- [REQUIRED WORK]: Exercise in exact copying: restate word for word only the lines below from the one containing "Aqualine Round 2 положения" through the one containing "Spotlight LED", omitting any pictures.

=== DATA EXTRACTS ===

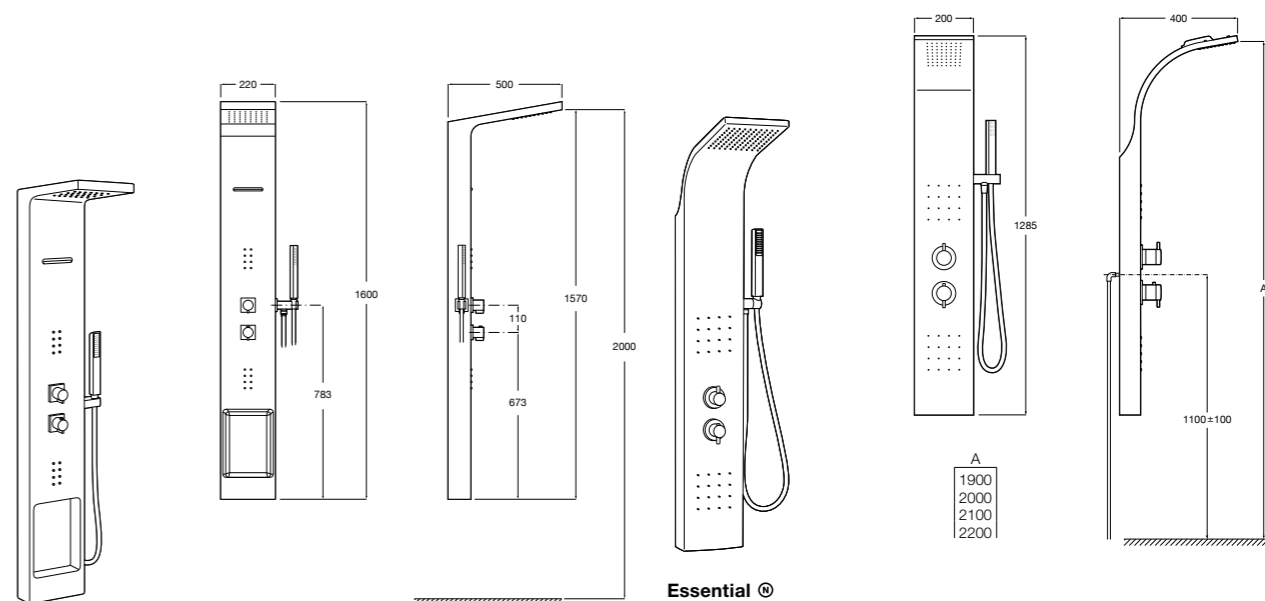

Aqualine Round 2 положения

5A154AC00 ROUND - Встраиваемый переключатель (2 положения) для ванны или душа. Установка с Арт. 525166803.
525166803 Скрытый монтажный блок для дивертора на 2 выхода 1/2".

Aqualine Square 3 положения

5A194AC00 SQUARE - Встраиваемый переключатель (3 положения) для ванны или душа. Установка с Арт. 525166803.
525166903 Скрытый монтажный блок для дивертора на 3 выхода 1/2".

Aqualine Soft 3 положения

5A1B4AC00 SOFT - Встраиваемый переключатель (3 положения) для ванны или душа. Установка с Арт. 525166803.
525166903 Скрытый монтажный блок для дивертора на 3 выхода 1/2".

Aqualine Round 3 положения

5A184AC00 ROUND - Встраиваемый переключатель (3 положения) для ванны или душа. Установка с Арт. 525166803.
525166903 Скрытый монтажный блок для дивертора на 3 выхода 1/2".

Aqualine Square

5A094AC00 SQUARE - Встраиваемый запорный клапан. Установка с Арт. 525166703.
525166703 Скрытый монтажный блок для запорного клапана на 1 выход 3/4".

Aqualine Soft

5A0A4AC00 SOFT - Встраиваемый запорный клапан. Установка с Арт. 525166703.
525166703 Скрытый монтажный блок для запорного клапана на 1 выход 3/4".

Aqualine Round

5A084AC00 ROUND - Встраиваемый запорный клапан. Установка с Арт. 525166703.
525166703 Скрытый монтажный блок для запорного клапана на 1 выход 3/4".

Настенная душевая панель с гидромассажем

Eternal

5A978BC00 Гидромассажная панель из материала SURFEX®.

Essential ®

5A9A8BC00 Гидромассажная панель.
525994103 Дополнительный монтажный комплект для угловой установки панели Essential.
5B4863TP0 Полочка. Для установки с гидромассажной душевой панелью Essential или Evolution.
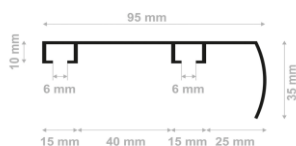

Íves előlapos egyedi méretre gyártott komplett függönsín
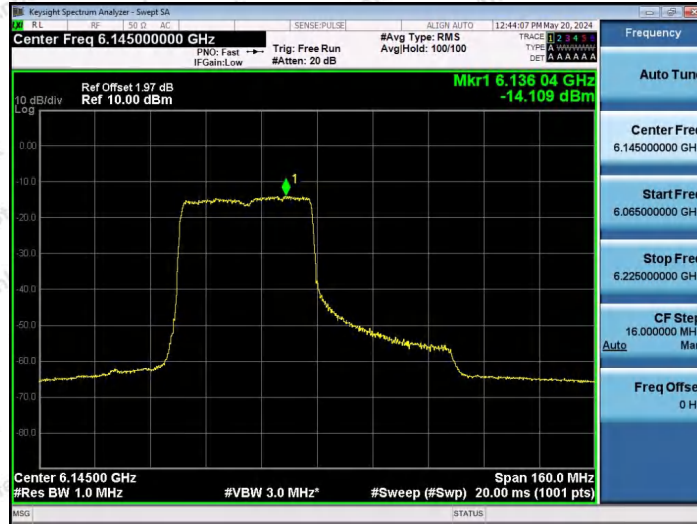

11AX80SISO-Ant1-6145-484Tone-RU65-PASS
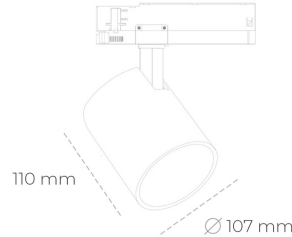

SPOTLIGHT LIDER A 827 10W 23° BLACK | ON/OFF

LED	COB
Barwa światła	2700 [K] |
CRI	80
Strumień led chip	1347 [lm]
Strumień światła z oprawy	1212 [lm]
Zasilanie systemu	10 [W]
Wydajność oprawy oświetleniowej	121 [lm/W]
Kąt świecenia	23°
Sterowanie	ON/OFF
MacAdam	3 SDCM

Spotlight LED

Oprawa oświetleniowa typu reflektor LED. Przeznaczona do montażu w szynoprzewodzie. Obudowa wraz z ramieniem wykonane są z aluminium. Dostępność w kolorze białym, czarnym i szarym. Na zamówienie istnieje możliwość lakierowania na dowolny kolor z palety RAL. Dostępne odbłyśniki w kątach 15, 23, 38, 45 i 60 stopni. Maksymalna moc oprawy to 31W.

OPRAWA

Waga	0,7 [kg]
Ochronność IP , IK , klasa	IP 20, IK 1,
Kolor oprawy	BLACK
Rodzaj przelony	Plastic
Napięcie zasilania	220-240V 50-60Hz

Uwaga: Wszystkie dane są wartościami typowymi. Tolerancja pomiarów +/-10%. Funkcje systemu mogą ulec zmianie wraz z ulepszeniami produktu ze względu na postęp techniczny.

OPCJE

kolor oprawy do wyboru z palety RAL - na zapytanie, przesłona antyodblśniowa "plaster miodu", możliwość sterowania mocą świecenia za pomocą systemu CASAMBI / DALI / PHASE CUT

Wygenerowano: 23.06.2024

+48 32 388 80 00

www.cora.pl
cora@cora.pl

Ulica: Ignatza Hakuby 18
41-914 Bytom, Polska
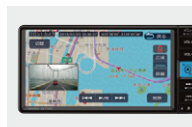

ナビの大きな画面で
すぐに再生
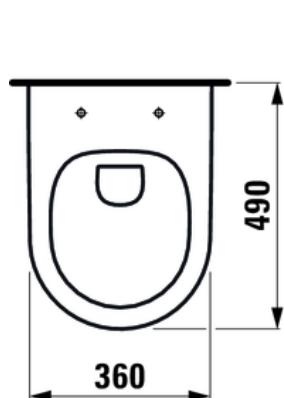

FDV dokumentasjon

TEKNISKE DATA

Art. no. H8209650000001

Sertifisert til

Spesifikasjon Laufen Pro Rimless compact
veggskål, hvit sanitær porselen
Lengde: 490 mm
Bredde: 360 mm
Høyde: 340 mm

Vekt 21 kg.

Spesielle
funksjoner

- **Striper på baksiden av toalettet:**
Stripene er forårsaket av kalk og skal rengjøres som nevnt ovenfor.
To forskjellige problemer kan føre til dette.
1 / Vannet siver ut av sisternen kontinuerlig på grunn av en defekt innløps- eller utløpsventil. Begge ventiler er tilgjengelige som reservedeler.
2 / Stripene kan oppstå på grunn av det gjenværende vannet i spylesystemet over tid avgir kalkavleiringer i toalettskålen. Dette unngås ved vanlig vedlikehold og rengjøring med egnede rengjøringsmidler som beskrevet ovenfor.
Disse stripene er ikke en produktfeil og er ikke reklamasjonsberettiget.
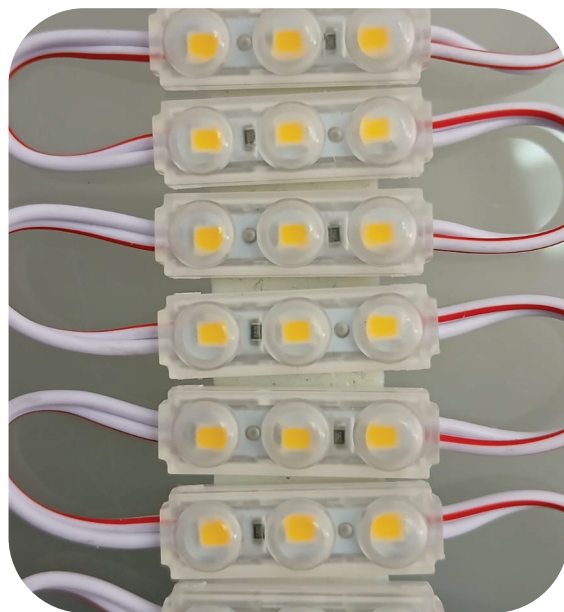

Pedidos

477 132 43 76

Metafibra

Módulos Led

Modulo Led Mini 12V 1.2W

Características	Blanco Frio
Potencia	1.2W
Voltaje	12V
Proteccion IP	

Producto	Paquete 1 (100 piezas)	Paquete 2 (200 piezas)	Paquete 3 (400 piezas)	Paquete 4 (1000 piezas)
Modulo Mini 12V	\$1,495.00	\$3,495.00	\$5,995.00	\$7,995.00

===
=== DATA EXTRACTS ===

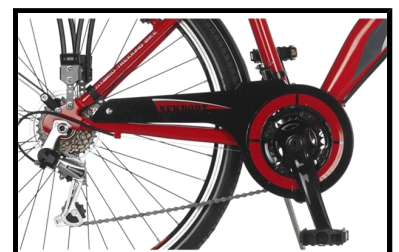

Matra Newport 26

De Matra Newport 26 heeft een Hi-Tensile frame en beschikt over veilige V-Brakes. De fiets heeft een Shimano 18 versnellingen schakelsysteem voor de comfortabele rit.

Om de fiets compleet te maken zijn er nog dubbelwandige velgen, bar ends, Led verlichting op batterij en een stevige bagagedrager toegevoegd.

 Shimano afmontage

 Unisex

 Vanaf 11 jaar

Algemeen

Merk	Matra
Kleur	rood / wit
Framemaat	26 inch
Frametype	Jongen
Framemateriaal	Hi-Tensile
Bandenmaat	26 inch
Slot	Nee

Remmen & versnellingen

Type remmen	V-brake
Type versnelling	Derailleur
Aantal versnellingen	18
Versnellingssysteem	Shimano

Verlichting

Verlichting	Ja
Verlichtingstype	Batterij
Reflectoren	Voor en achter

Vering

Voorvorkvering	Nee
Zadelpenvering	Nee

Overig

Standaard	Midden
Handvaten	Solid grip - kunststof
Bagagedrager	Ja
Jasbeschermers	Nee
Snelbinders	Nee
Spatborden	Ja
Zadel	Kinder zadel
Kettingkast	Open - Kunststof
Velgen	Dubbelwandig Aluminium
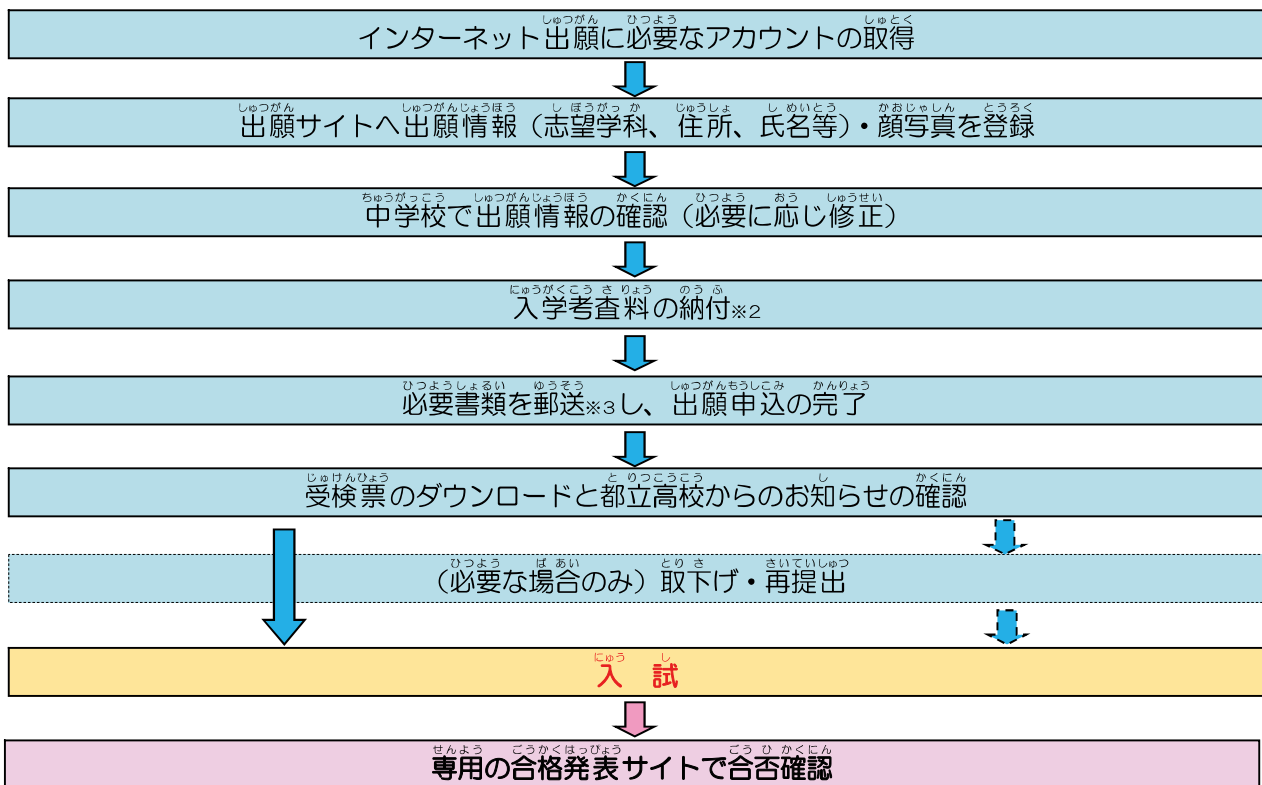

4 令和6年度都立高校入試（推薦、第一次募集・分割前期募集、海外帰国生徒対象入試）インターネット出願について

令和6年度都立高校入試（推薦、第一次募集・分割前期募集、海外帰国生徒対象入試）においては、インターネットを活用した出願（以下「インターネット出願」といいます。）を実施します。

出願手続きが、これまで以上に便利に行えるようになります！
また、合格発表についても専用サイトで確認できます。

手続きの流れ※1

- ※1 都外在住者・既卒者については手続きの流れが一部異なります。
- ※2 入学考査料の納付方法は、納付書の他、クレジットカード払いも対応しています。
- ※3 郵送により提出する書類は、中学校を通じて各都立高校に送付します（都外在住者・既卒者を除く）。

===
=== DATA EXTRACTS ===

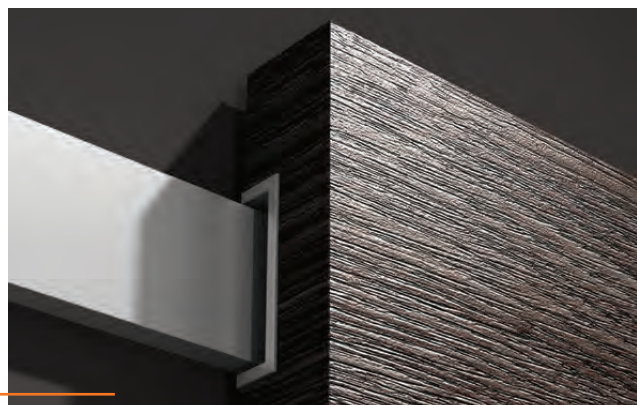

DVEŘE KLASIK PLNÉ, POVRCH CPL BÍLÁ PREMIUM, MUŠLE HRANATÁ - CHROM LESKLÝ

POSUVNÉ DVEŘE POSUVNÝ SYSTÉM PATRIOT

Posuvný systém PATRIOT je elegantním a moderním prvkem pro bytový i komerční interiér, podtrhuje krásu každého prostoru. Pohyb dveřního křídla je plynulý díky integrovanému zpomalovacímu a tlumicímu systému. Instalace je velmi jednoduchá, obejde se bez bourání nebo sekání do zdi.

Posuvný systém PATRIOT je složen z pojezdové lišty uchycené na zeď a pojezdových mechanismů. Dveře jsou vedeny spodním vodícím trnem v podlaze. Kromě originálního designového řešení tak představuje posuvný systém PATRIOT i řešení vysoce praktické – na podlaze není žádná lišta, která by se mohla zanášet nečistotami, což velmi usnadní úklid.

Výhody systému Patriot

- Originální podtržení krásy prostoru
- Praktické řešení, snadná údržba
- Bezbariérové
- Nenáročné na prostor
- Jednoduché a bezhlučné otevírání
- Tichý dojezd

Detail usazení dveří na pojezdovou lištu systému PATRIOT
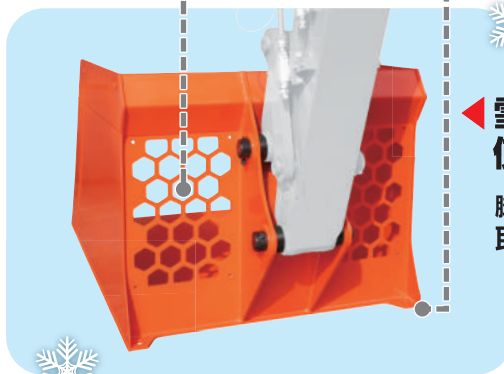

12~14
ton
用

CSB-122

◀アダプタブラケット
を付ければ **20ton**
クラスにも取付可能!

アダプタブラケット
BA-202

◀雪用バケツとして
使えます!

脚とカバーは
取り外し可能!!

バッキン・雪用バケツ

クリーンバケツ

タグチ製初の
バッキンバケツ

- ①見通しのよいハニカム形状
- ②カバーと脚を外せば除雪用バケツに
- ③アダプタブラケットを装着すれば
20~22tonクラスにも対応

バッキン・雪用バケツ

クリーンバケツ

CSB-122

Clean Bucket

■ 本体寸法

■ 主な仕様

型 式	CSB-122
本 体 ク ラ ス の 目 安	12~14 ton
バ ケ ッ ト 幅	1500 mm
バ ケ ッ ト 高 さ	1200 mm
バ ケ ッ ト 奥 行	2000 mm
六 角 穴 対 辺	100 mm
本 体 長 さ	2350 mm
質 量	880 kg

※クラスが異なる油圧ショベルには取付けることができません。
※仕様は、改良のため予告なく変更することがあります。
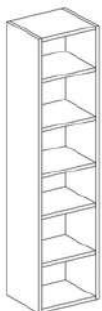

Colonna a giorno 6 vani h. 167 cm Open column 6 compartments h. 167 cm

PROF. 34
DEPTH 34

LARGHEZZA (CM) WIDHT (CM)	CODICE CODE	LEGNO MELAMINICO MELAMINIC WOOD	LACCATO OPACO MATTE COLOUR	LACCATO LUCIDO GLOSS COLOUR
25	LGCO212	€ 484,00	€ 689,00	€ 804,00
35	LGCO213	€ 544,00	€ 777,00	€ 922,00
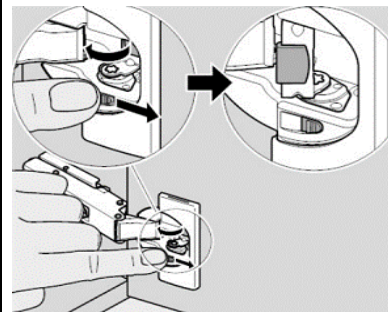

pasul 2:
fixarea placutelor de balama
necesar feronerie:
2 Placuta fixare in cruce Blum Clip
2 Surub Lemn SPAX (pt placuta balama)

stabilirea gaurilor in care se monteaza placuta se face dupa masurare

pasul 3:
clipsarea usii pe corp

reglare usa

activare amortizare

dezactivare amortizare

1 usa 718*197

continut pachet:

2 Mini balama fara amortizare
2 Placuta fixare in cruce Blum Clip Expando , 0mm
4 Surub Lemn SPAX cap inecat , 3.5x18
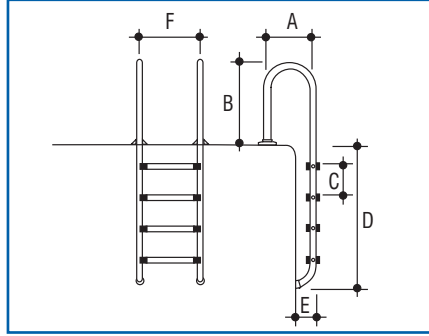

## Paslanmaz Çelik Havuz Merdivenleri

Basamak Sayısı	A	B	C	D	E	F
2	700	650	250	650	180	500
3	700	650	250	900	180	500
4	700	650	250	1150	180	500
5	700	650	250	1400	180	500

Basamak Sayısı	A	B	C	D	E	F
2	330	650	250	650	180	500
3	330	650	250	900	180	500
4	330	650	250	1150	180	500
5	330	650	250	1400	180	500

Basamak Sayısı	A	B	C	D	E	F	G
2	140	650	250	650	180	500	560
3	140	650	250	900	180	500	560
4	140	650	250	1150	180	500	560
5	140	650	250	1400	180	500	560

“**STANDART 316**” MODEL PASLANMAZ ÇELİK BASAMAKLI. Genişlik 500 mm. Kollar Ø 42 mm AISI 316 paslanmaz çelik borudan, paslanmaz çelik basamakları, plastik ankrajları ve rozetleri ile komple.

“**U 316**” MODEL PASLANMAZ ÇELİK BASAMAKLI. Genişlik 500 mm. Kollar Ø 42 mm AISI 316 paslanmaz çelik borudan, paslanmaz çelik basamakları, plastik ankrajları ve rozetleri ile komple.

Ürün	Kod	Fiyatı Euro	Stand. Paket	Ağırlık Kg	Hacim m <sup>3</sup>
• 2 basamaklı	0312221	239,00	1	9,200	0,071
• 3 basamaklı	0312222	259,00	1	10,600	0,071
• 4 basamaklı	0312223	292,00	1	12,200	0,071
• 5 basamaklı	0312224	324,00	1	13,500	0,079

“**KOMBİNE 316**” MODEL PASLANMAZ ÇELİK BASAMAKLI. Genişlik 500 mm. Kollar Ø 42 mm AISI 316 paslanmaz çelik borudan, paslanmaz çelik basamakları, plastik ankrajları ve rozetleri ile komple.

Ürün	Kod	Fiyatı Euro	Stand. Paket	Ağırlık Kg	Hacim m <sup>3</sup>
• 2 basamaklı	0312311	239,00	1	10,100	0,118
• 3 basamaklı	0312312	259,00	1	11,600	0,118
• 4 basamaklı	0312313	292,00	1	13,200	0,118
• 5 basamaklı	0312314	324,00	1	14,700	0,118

===

- [TASK RESPONSE]:
Aqualine Round 2 положения

5A154AC00 ROUND - Встраиваемый переключатель (2 положения) для ванны или душа. Установка с Арт. 525166803.
525166803 Скрытый монтажный блок для дивертора на 2 выхода 1/2".

Aqualine Square 3 положения

5A194AC00 SQUARE - Встраиваемый переключатель (3 положения) для ванны или душа. Установка с Арт. 525166803.
525166903 Скрытый монтажный блок для дивертора на 3 выхода 1/2".

Aqualine Soft 3 положения

5A1B4AC00 SOFT - Встраиваемый переключатель (3 положения) для ванны или душа. Установка с Арт. 525166803.
525166903 Скрытый монтажный блок для дивертора на 3 выхода 1/2".

Aqualine Round 3 положения

5A184AC00 ROUND - Встраиваемый переключатель (3 положения) для ванны или душа. Установка с Арт. 525166803.
525166903 Скрытый монтажный блок для дивертора на 3 выхода 1/2".

Aqualine Square

5A094AC00 SQUARE - Встраиваемый запорный клапан. Установка с Арт. 525166703.
525166703 Скрытый монтажный блок для запорного клапана на 1 выход 3/4".

Aqualine Soft

5A0A4AC00 SOFT - Встраиваемый запорный клапан. Установка с Арт. 525166703.
525166703 Скрытый монтажный блок для запорного клапана на 1 выход 3/4".

Aqualine Round

5A084AC00 ROUND - Встраиваемый запорный клапан. Установка с Арт. 525166703.
525166703 Скрытый монтажный блок для запорного клапана на 1 выход 3/4".

Настенная душевая панель с гидромассажем

Eternal

5A978BC00 Гидромассажная панель из материала SURFEX®.

Essential ®

5A9A8BC00 Гидромассажная панель.
525994103 Дополнительный монтажный комплект для угловой установки панели Essential.
5B4863TP0 Полочка. Для установки с гидромассажной душевой панелью Essential или Evolution.

Íves előlapos egyedi méretre gyártott komplett függönsín

11AX80SISO-Ant1-6145-484Tone-RU65-PASS

SPOTLIGHT LIDER A 827 10W 23° BLACK | ON/OFF

LED	COB
Barwa światła	2700 [K] |
CRI	80
Strumień led chip	1347 [lm]
Strumień światła z oprawy	1212 [lm]
Zasilanie systemu	10 [W]
Wydajność oprawy oświetleniowej	121 [lm/W]
Kąt świecenia	23°
Sterowanie	ON/OFF
MacAdam	3 SDCM

Spotlight LED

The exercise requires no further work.